如何基于Ollama小模型运行LightRAG

LightRAG是基于GraphRAG的改进RAG方案，旨在通过双层检索，在最小化计算开销同时增强检索信息的全面性。检索效率更高，并且与GraphRAG相比，在效果和速度之间实现了更好平衡。

liliangcsdn

542人浏览 · 2025-09-11 11:47:40

liliangcsdn · 2025-09-11 11:47:40 发布

LightRAG是基于GraphRAG的改进方案，旨在通过双层检索，最小化开销同时增强检索全面性。

与GraphRAG相比，LightRAG检索效率更高，在效果和速度之间实现了更好平衡。
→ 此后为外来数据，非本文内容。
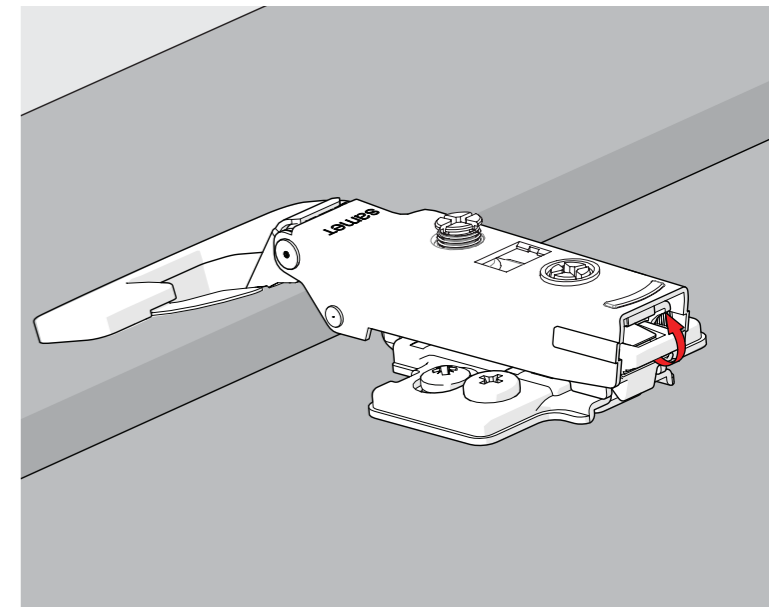

Montaj / Mounting

Çanak için Teknik Ölçüler / Technical Dimensions for Cup

Altlık için Teknik Ölçüler / Technical Dimensions for Mounting Plate

LIghtRAG时代tokens资源消耗依然巨大，这里在本地尝试基于Ollama运行LightRAG。

1 LIghtRAG安装

1.1 python环境

这里使用conda 安装python=3.10

conda create -n lightrag python=3.10

conda activate lightrag

1.2 LightRAG环境

然后是安装LightRAG，安装指令如下所示。

如果git clone失败可以先下载zip包，然后上传到服务器减压。

git clone https://github.com/HKUDS/LightRAG.git
cd LightRAG
# Install LightRAG Core
pip install -e . -i https://pypi.tuna.tsinghua.edu.cn/simple
# create a Python virtual enviroment if neccesary
# Install in editable mode with API support
pip install -e ".[api]" -i https://pypi.tuna.tsinghua.edu.cn/simple

1.3 Ollama环境

假设ollama已安装，具体安装过程参考

https://blog.csdn.net/liliang199/article/details/149267372

考虑到CPU算力，这里选择下载llm模型qwen3:4b和embedding模型bge-m3:latest。

ollama pull qwen3:4b

ollama pull bge-m3:latest

ollama list

# 更新lightrag环境的ollama包

pip install --upgrade ollama -i https://pypi.tuna.tsinghua.edu.cn/simple

2 LightRAG测试

2.1 配置修改

LightRAG提供了多种example程序，包括基于ollama的example程序。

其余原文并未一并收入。